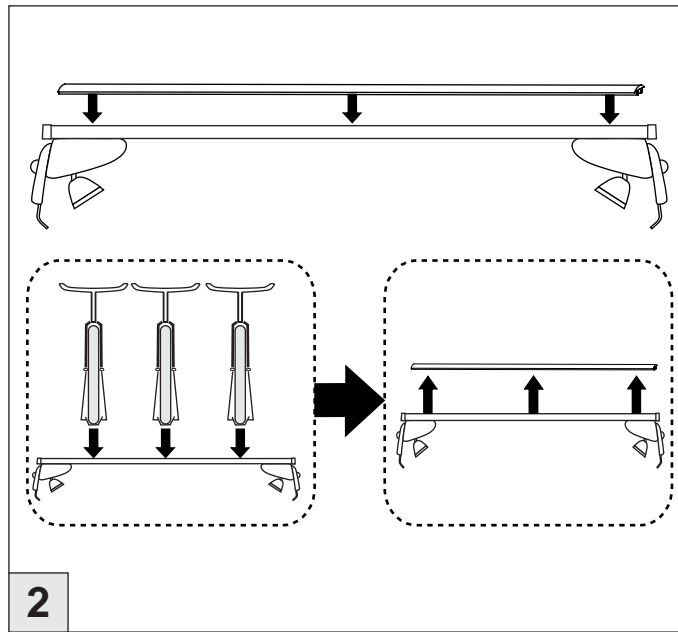

Atera® SIGNO

Toyota
Corolla Lim. 5-türig 01/2002-
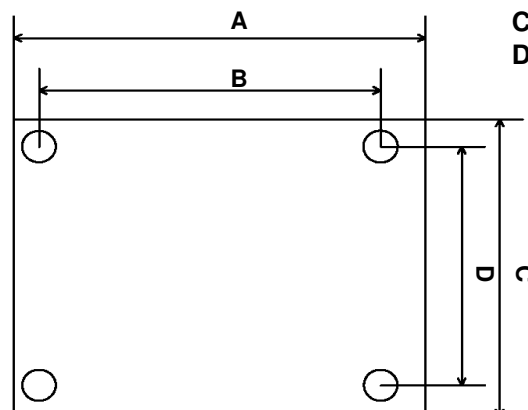

Aplicaciones típicas

Semáforo intermitente
ó
Baliza de Señalización Vial

**UN SEGUNDO ENCENDIDO
UN SEGUNDO APAGADO**

Conexiones

Detalles de las borneras

Dimensiones

Detalles para montaje

A = 62mm
B = 52 mm
C = 48 mm
D = 39 mm
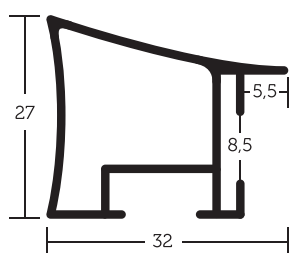

VYSVĚTLIVKY: ✓ skladem | ○ na objednávku

ALUMINIOVÉ ŘEZANÉ RÁMY / univerzální profil

270 PROFIL

ALUMINIOVÉ ŘEZANÉ RÁMY / univerzální profil

225 PROFIL

Speciální „dutý“ profil použitelný i pro výrobu výměnných ráků.
Stylově podobný luxusnímu profilu 220.
Pevný a stabilní. Vhodný pro velké formáty rámovaných objektů, atraktivní.
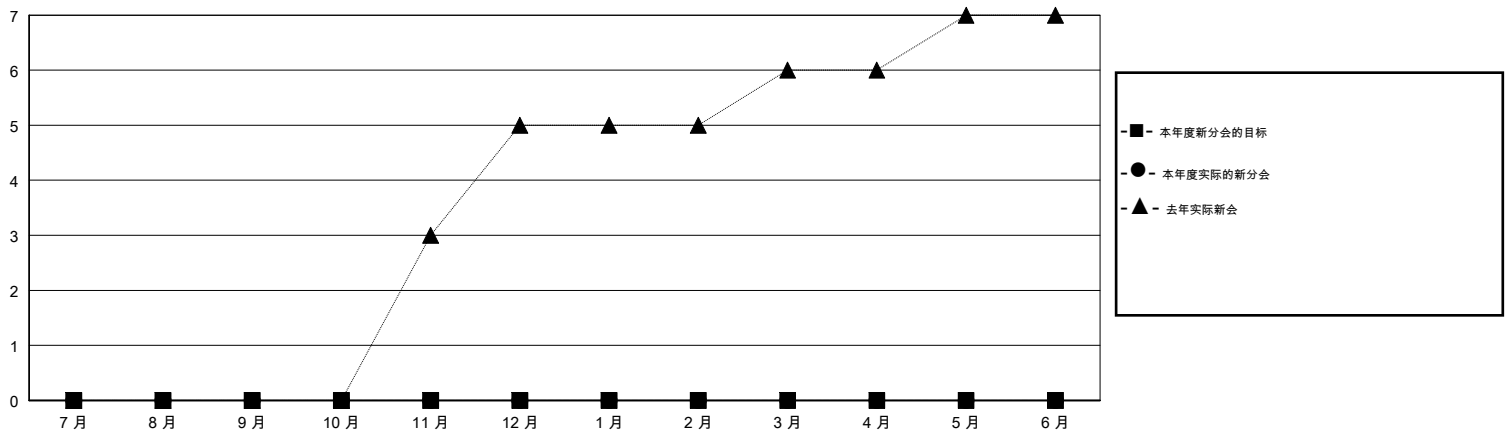

# MONTHLY MEMBERSHIP PROGRESS REPORT

District 387

Results as of: 06/30/2019

GMT: ZIYU LIN

地点 CHINA

GMT宪章区

分会				位会员@每位须缴			
成果 2018-2019				成果 2018-2019			
季	新分会目标	新会	会员流失的分会	季	会员净增长目标	实际会员增长数	实际退会会员 (包括转会)
7月/8月/9月	0	0	8	7月/8月/9月	250	20	15
10月/11月/12月	0	0	0	10月/11月/12月	250	11	12
1月/2月/3月	0	0	0	1月/2月/3月	150	3	2
4月/5月/6月	0	0	2	4月/5月/6月	100	195	665

目标与实际新会累积

目标和实际会员累积

已取消的分会: 10	48 CLUBS OF 93 增添1位或以上的新会员	性别分布 男 860 (63.42%) 女 496 (36.58%) 年度女性会员百分比目标: 0%
放弃的会员	<a href="#">点击这里取得累计会员数据</a>	总计家庭单位会员数 108
过世 1		支付减半会费的家庭会员 55
分会已取消 0		
其他 693		
总计 694		
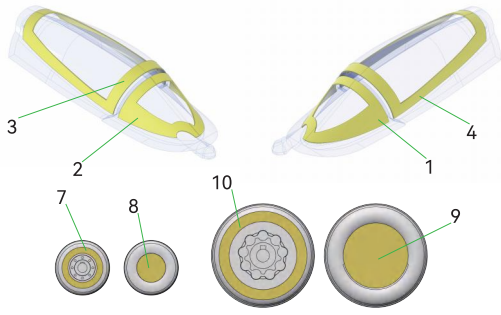

板件图

Spares
Состав Набора

A

F

E

B

D

C

PE1

水贴
DECAL
Декаль

PE2

CL

遮盖纸
MASK
Маска

支撑去除 Supports Removal Удаление Поддержек

F

B

D

C

装配 Assembly Сборка

使用流缝胶 Use the plastic cement Используйте клей для пластика

使用强力胶 Use the super glue Используйте суперклей

①

②

如选择关闭座舱盖，则无需安装B8
 If decide to close the canopy, no need to install B8.
 Если закрыть фонарь, не нужно использовать B8.

遮盖 Mask Маска

左 LEFT ЛЕВЫЙ 6
 右 RIGHT ПРАВЫЙ 5

弹头模型感谢您的选择与支持!
 Thanks for your choice and support!
 Спасибо вам за ваш выбор и поддержку!

电子版/PDF Version/Электронный вариант :

<https://www.scalemates.com/kits/warhead-studio-wsa144005-plaaf-j-10b-vigorous-dragon--1589755>
------------------------------------------------------------------------
* Action item *
Across the data, pull every line containing the string "SEGUNDO".

* Problem solution *
**UN SEGUNDO ENCENDIDO
UN SEGUNDO APAGADO**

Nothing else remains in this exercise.